*What needs to be done*.
Write out all the data again, exactly as shown.

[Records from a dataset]
____________

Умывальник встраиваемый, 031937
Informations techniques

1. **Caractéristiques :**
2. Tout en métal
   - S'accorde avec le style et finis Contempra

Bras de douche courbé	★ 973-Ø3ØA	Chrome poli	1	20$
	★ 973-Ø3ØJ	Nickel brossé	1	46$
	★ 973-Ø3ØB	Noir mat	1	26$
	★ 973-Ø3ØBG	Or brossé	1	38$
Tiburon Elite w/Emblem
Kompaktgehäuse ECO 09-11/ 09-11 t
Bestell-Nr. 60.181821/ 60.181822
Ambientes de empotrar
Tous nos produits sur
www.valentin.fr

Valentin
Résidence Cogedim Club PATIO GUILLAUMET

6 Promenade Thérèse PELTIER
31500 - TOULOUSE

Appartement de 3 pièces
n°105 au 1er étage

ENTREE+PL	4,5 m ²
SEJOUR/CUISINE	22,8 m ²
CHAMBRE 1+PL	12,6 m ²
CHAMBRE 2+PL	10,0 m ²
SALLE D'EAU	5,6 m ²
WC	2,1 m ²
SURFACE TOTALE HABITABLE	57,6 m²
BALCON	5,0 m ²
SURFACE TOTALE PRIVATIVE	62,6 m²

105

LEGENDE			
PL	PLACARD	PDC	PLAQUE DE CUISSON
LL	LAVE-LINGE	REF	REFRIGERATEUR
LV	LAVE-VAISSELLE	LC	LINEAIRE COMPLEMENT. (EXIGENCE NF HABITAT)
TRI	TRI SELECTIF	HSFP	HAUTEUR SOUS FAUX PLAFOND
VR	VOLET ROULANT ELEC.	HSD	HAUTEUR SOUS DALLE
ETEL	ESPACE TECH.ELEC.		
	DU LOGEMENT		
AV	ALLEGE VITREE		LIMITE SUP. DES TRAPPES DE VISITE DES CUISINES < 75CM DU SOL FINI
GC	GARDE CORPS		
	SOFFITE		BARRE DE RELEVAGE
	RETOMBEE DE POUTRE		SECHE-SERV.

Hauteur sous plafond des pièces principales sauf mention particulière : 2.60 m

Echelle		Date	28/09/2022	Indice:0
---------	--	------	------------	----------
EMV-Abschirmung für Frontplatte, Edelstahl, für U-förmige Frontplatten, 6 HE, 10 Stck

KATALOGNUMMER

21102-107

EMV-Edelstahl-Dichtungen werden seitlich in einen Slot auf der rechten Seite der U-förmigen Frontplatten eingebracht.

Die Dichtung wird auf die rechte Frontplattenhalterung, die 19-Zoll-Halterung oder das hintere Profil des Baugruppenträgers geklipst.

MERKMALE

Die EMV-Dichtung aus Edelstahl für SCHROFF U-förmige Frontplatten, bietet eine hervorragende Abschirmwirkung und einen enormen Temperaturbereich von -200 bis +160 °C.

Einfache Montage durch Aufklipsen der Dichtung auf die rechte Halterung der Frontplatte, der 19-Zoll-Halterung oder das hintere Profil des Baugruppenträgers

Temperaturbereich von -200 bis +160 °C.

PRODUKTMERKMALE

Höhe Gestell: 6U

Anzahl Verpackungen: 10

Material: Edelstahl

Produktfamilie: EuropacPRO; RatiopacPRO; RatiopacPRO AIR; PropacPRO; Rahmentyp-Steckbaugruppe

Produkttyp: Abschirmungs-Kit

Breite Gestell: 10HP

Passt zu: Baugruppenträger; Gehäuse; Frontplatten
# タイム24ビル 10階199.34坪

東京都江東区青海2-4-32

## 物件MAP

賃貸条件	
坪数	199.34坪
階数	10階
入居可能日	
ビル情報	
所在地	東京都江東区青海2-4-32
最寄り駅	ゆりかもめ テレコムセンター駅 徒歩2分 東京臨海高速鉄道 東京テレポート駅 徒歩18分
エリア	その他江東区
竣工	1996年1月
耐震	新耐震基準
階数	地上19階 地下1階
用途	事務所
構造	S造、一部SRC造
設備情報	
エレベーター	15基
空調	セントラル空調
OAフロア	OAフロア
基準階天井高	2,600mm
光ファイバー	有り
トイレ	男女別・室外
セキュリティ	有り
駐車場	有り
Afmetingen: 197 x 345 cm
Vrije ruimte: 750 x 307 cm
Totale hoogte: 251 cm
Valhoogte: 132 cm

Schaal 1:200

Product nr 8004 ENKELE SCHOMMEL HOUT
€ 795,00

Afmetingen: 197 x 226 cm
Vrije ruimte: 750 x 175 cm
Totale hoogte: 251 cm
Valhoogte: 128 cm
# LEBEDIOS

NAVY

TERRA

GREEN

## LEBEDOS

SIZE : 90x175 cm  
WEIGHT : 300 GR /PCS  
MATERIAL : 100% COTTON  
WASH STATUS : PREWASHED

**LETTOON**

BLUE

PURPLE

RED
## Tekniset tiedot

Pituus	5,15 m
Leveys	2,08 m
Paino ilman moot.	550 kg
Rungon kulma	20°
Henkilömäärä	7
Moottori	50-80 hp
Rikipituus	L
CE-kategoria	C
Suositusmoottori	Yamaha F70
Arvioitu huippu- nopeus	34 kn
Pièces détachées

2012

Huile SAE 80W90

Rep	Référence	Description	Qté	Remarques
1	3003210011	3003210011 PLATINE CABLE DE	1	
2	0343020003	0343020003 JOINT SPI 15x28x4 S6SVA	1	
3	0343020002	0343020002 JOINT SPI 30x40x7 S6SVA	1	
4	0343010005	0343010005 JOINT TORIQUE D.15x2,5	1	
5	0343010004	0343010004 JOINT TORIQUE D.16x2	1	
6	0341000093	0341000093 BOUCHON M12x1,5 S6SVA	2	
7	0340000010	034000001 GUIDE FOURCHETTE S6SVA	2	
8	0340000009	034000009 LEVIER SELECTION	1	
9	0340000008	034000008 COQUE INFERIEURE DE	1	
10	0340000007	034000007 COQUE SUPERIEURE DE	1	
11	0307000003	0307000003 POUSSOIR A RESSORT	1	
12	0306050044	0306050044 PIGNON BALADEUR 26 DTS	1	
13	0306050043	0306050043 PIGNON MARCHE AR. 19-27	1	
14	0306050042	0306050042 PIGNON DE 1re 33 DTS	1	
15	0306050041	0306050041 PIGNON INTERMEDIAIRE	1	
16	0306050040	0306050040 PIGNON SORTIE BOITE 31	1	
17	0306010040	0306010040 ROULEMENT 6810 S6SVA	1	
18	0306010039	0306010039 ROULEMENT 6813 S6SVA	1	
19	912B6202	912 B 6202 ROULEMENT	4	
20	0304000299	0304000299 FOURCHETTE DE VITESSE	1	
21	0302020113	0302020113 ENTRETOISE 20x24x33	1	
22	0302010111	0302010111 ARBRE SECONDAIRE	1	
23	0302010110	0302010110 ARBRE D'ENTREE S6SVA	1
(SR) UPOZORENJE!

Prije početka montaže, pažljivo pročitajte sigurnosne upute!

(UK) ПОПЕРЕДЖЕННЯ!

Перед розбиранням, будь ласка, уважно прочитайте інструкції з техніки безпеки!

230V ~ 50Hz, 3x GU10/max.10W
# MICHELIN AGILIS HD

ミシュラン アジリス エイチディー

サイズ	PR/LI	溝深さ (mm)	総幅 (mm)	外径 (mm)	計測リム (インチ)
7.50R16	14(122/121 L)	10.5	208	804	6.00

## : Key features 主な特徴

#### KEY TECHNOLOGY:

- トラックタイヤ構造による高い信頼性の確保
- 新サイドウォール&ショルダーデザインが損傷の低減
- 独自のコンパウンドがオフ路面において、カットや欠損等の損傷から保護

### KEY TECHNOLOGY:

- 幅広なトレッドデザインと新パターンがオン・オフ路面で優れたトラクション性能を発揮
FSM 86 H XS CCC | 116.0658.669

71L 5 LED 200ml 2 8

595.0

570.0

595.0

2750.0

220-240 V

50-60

____________

*Answer box*.
Умывальник встраиваемый, 031937
Informations techniques

1. **Caractéristiques :**
2. Tout en métal
   - S'accorde avec le style et finis Contempra

Bras de douche courbé	★ 973-Ø3ØA	Chrome poli	1	20$
	★ 973-Ø3ØJ	Nickel brossé	1	46$
	★ 973-Ø3ØB	Noir mat	1	26$
	★ 973-Ø3ØBG	Or brossé	1	38$
Tiburon Elite w/Emblem
Kompaktgehäuse ECO 09-11/ 09-11 t
Bestell-Nr. 60.181821/ 60.181822
Ambientes de empotrar
Tous nos produits sur
www.valentin.fr

Valentin
Résidence Cogedim Club PATIO GUILLAUMET

6 Promenade Thérèse PELTIER
31500 - TOULOUSE

Appartement de 3 pièces
n°105 au 1er étage

ENTREE+PL	4,5 m ²
SEJOUR/CUISINE	22,8 m ²
CHAMBRE 1+PL	12,6 m ²
CHAMBRE 2+PL	10,0 m ²
SALLE D'EAU	5,6 m ²
WC	2,1 m ²
SURFACE TOTALE HABITABLE	57,6 m²
BALCON	5,0 m ²
SURFACE TOTALE PRIVATIVE	62,6 m²

105

LEGENDE			
PL	PLACARD	PDC	PLAQUE DE CUISSON
LL	LAVE-LINGE	REF	REFRIGERATEUR
LV	LAVE-VAISSELLE	LC	LINEAIRE COMPLEMENT. (EXIGENCE NF HABITAT)
TRI	TRI SELECTIF	HSFP	HAUTEUR SOUS FAUX PLAFOND
VR	VOLET ROULANT ELEC.	HSD	HAUTEUR SOUS DALLE
ETEL	ESPACE TECH.ELEC.		
	DU LOGEMENT		
AV	ALLEGE VITREE		LIMITE SUP. DES TRAPPES DE VISITE DES CUISINES < 75CM DU SOL FINI
GC	GARDE CORPS		
	SOFFITE		BARRE DE RELEVAGE
	RETOMBEE DE POUTRE		SECHE-SERV.

Hauteur sous plafond des pièces principales sauf mention particulière : 2.60 m

Echelle		Date	28/09/2022	Indice:0
---------	--	------	------------	----------
EMV-Abschirmung für Frontplatte, Edelstahl, für U-förmige Frontplatten, 6 HE, 10 Stck

KATALOGNUMMER

21102-107

EMV-Edelstahl-Dichtungen werden seitlich in einen Slot auf der rechten Seite der U-förmigen Frontplatten eingebracht.

Die Dichtung wird auf die rechte Frontplattenhalterung, die 19-Zoll-Halterung oder das hintere Profil des Baugruppenträgers geklipst.

MERKMALE

Die EMV-Dichtung aus Edelstahl für SCHROFF U-förmige Frontplatten, bietet eine hervorragende Abschirmwirkung und einen enormen Temperaturbereich von -200 bis +160 °C.

Einfache Montage durch Aufklipsen der Dichtung auf die rechte Halterung der Frontplatte, der 19-Zoll-Halterung oder das hintere Profil des Baugruppenträgers

Temperaturbereich von -200 bis +160 °C.

PRODUKTMERKMALE

Höhe Gestell: 6U

Anzahl Verpackungen: 10

Material: Edelstahl

Produktfamilie: EuropacPRO; RatiopacPRO; RatiopacPRO AIR; PropacPRO; Rahmentyp-Steckbaugruppe

Produkttyp: Abschirmungs-Kit

Breite Gestell: 10HP

Passt zu: Baugruppenträger; Gehäuse; Frontplatten
# タイム24ビル 10階199.34坪

東京都江東区青海2-4-32

## 物件MAP

賃貸条件	
坪数	199.34坪
階数	10階
入居可能日	
ビル情報	
所在地	東京都江東区青海2-4-32
最寄り駅	ゆりかもめ テレコムセンター駅 徒歩2分 東京臨海高速鉄道 東京テレポート駅 徒歩18分
エリア	その他江東区
竣工	1996年1月
耐震	新耐震基準
階数	地上19階 地下1階
用途	事務所
構造	S造、一部SRC造
設備情報	
エレベーター	15基
空調	セントラル空調
OAフロア	OAフロア
基準階天井高	2,600mm
光ファイバー	有り
トイレ	男女別・室外
セキュリティ	有り
駐車場	有り
Afmetingen: 197 x 345 cm
Vrije ruimte: 750 x 307 cm
Totale hoogte: 251 cm
Valhoogte: 132 cm

Schaal 1:200

Product nr 8004 ENKELE SCHOMMEL HOUT
€ 795,00

Afmetingen: 197 x 226 cm
Vrije ruimte: 750 x 175 cm
Totale hoogte: 251 cm
Valhoogte: 128 cm
# LEBEDIOS

NAVY

TERRA

GREEN

## LEBEDOS

SIZE : 90x175 cm  
WEIGHT : 300 GR /PCS  
MATERIAL : 100% COTTON  
WASH STATUS : PREWASHED

**LETTOON**

BLUE

PURPLE

RED
## Tekniset tiedot

Pituus	5,15 m
Leveys	2,08 m
Paino ilman moot.	550 kg
Rungon kulma	20°
Henkilömäärä	7
Moottori	50-80 hp
Rikipituus	L
CE-kategoria	C
Suositusmoottori	Yamaha F70
Arvioitu huippu- nopeus	34 kn
Pièces détachées

2012

Huile SAE 80W90

Rep	Référence	Description	Qté	Remarques
1	3003210011	3003210011 PLATINE CABLE DE	1	
2	0343020003	0343020003 JOINT SPI 15x28x4 S6SVA	1	
3	0343020002	0343020002 JOINT SPI 30x40x7 S6SVA	1	
4	0343010005	0343010005 JOINT TORIQUE D.15x2,5	1	
5	0343010004	0343010004 JOINT TORIQUE D.16x2	1	
6	0341000093	0341000093 BOUCHON M12x1,5 S6SVA	2	
7	0340000010	034000001 GUIDE FOURCHETTE S6SVA	2	
8	0340000009	034000009 LEVIER SELECTION	1	
9	0340000008	034000008 COQUE INFERIEURE DE	1	
10	0340000007	034000007 COQUE SUPERIEURE DE	1	
11	0307000003	0307000003 POUSSOIR A RESSORT	1	
12	0306050044	0306050044 PIGNON BALADEUR 26 DTS	1	
13	0306050043	0306050043 PIGNON MARCHE AR. 19-27	1	
14	0306050042	0306050042 PIGNON DE 1re 33 DTS	1	
15	0306050041	0306050041 PIGNON INTERMEDIAIRE	1	
16	0306050040	0306050040 PIGNON SORTIE BOITE 31	1	
17	0306010040	0306010040 ROULEMENT 6810 S6SVA	1	
18	0306010039	0306010039 ROULEMENT 6813 S6SVA	1	
19	912B6202	912 B 6202 ROULEMENT	4	
20	0304000299	0304000299 FOURCHETTE DE VITESSE	1	
21	0302020113	0302020113 ENTRETOISE 20x24x33	1	
22	0302010111	0302010111 ARBRE SECONDAIRE	1	
23	0302010110	0302010110 ARBRE D'ENTREE S6SVA	1
(SR) UPOZORENJE!

Prije početka montaže, pažljivo pročitajte sigurnosne upute!

(UK) ПОПЕРЕДЖЕННЯ!

Перед розбиранням, будь ласка, уважно прочитайте інструкції з техніки безпеки!

230V ~ 50Hz, 3x GU10/max.10W
# MICHELIN AGILIS HD

ミシュラン アジリス エイチディー

サイズ	PR/LI	溝深さ (mm)	総幅 (mm)	外径 (mm)	計測リム (インチ)
7.50R16	14(122/121 L)	10.5	208	804	6.00

## : Key features 主な特徴

#### KEY TECHNOLOGY:

- トラックタイヤ構造による高い信頼性の確保
- 新サイドウォール&ショルダーデザインが損傷の低減
- 独自のコンパウンドがオフ路面において、カットや欠損等の損傷から保護

### KEY TECHNOLOGY:

- 幅広なトレッドデザインと新パターンがオン・オフ路面で優れたトラクション性能を発揮
FSM 86 H XS CCC | 116.0658.669

71L 5 LED 200ml 2 8

595.0

570.0

595.0

2750.0

220-240 V

50-60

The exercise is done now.